Records drawn from a dataset:
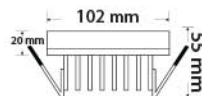

VALERIA-5

016 040 0005

WHITE

- 85-265V / 50-60Hz
- Average Life: 30.000 Hrs
- 5W, 400 lm
- 4200K

VALERIA-7

016 040 0007

WHITE

- 85-265V / 50-60Hz
- Average Life: 30.000 Hrs
- 7W, 560 lm
- 4200K

VALERIA-9

016 040 0009

WHITE

- 85-265V / 50-60Hz
- Average Life: 30.000 Hrs
- 9W, 720 lm
- 4200K

GABRIEL

016 029 0006

WHITE

- 100-240V / 50-60Hz
- Average Life: 30.000 Hrs
- 6W, 410 lm
- 4200K

JESSICA

016 030 0006

WHITE

- 100-240V / 50-60Hz
- Average Life: 30.000 Hrs
- 6W, 410 lm
- 4200K

SARA

016 005 0003

HL 6731L

MAT CHROME

WHITE

- 220-240V / 50-60Hz
- 2700K, 200 lm
- 6500K, 220 lm
- 3W
- Average Life: 40.000 Hrs

VALERIA-9

016 040 0009

WHITE

- 85-265V / 50-60Hz
- Average Life: 30.000 Hrs
- 9W, 720 lm
- 4200K

DIANA

016 006 0003

HL 6741L

MAT CHROME

WHITE

- 220-240V / 50-60Hz
- 2700K, 200 lm
- 6500K, 220 lm
- 3W
- Average Life: 40.000 Hrs

#### ACTION ITEM
Every entry above needs to be copied exactly, and no pictures go with it.

#### REPLY
VALERIA-5

016 040 0005

WHITE

- 85-265V / 50-60Hz
- Average Life: 30.000 Hrs
- 5W, 400 lm
- 4200K

VALERIA-7

016 040 0007

WHITE

- 85-265V / 50-60Hz
- Average Life: 30.000 Hrs
- 7W, 560 lm
- 4200K

VALERIA-9

016 040 0009

WHITE

- 85-265V / 50-60Hz
- Average Life: 30.000 Hrs
- 9W, 720 lm
- 4200K

GABRIEL

016 029 0006

WHITE

- 100-240V / 50-60Hz
- Average Life: 30.000 Hrs
- 6W, 410 lm
- 4200K

JESSICA

016 030 0006

WHITE

- 100-240V / 50-60Hz
- Average Life: 30.000 Hrs
- 6W, 410 lm
- 4200K

SARA

016 005 0003

HL 6731L

MAT CHROME

WHITE

- 220-240V / 50-60Hz
- 2700K, 200 lm
- 6500K, 220 lm
- 3W
- Average Life: 40.000 Hrs

VALERIA-9

016 040 0009

WHITE

- 85-265V / 50-60Hz
- Average Life: 30.000 Hrs
- 9W, 720 lm
- 4200K

DIANA

016 006 0003

HL 6741L

MAT CHROME

WHITE

- 220-240V / 50-60Hz
- 2700K, 200 lm
- 6500K, 220 lm
- 3W
- Average Life: 40.000 Hrs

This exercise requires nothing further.